>>>>>
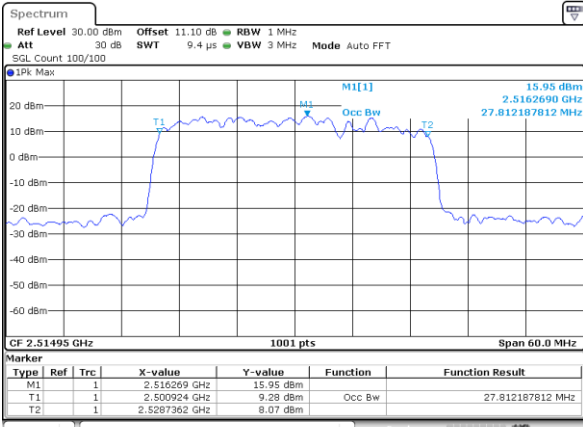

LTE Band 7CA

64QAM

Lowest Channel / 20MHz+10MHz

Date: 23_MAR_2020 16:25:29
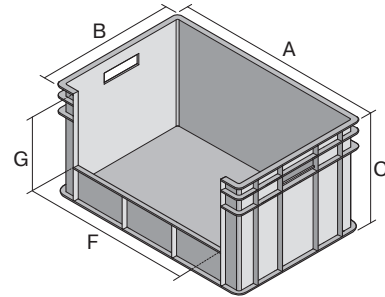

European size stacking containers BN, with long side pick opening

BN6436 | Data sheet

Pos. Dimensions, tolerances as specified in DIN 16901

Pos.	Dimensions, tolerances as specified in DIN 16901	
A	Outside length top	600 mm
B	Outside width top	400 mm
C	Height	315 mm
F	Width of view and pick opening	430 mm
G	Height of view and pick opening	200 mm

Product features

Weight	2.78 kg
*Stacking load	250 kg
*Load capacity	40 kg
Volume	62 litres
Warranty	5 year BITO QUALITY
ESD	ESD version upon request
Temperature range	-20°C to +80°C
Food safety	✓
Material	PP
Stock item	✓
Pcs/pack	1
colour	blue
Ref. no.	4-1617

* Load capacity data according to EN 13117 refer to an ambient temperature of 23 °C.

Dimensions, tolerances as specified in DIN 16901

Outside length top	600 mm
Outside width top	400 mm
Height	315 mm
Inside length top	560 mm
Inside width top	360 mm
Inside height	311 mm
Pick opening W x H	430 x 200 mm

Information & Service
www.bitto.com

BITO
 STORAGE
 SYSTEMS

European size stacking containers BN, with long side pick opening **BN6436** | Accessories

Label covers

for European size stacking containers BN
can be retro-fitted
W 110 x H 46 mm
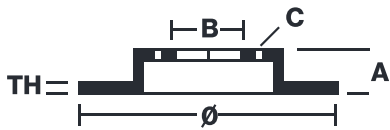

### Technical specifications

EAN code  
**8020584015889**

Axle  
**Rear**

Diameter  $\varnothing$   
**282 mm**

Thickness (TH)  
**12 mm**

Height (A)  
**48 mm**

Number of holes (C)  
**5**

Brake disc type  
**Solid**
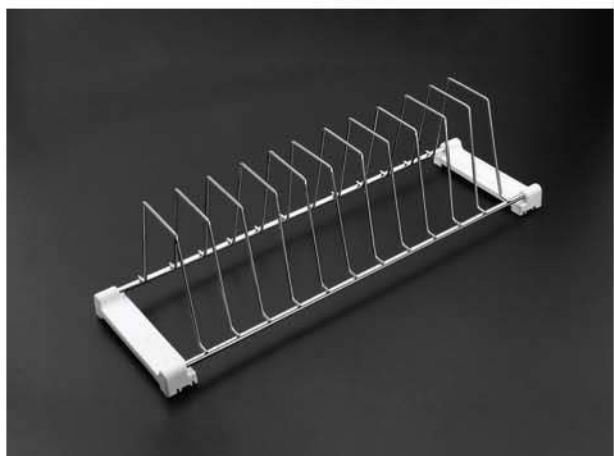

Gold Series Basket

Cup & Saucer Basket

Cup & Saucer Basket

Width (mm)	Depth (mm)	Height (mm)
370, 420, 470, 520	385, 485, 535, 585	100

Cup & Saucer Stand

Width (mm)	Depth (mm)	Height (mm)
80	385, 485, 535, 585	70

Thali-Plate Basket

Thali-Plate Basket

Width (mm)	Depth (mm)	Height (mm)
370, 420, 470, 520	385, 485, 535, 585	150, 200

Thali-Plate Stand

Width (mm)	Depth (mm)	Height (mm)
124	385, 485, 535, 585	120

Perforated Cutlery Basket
<<<<<
**Task statement:** Check each line of the entries above for the word "Dimensions". List the ones that have it.

**Response for this exercise:**
Pos. Dimensions, tolerances as specified in DIN 16901
Pos.	Dimensions, tolerances as specified in DIN 16901	
Dimensions, tolerances as specified in DIN 16901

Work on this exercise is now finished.